Let’s admit it: we all have people in our lives we do not like. And there are people who don’t like us. “Liking” is an emotion. We do not have much control over our emotions. We cannot just decide to like somebody. But we can decide to find the good in people we may not like. We can decide to love them in spite of “not liking” them.
In our first reading this Sunday, David has an opportunity to kill King Saul. Saul has led an army of one thousand soldiers out to find David and kill him. (It seems like they REALLY do not like each other!) But David, who respects Saul as “God’s Anointed”, refuses to harm him. He finds the inherent good in Saul.
Each one of us is anointed by God. God has made it that there is inherent good in every one of us. We must look beyond our “dislikes” and find the good, even in our enemies, “Respect” comes from the same word as “spectacles”: We respect, or see, the inherent good of every one.
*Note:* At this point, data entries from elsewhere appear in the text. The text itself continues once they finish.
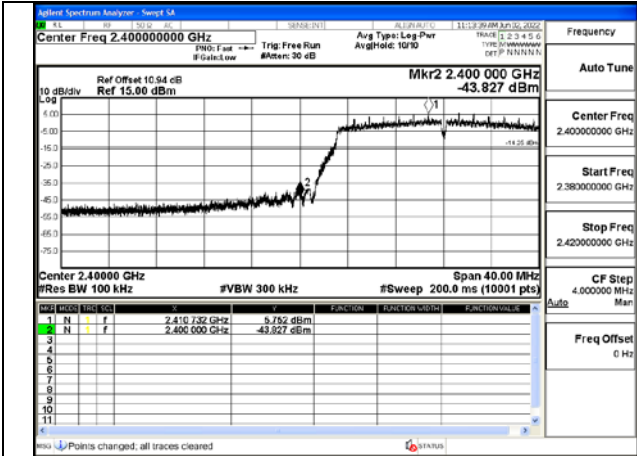

Test Mode: 802.11g

Test Mode:802.11g 2412MHz Chain0

Test Mode:802.11g 2462MHz Chain0

Test Mode:802.11g 2412MHz Chain1

Test Mode:802.11g 2462MHz Chain1

Test Mode: 802.11n HT20

Test Mode:802.11n HT20 2412MHz Chain0

Test Mode:802.11n HT20 2462MHz Chain0

Test Mode:802.11n HT20 2412MHz Chain1

Test Mode:802.11n HT20 2462MHz Chain1

Test Mode: 802.11n HT40

Test Mode:802.11n HT40 2422MHz Chain0

Test Mode:802.11n HT40 2452MHz Chain0
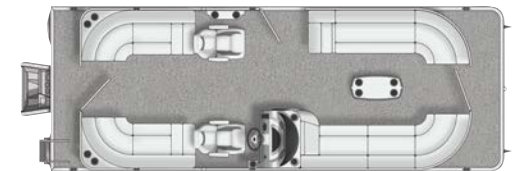

240 Rally Center Walkthrough Dual Helm (CWDH)
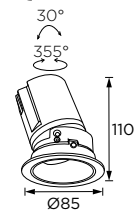

### Technical Details

Operating Temp	-20°C-+45°C
Life Time	50,000hrs
Power Factor	>0.45
Power Cable	2x0.75mm <sup>2</sup> / L=0.5m
IP Rate	IP20
IK Protection	NA
Tilt/Rotate	30°/355°

Order Code Example: **WL111000.02.10.30**

I have inherited my father’s dislike for “arrogant” people. Arrogance really turns me off. So I must really struggle at times to look beyond the arrogance and find the inherent good that God has placed in arrogant and self-centered people. I pray for them. I try to spend energy and time on them. The better I get to know them, the better able I am to see the good in people I may not like. It is a challenge. It takes effort. I often fail. But I try. Jesus has told me to!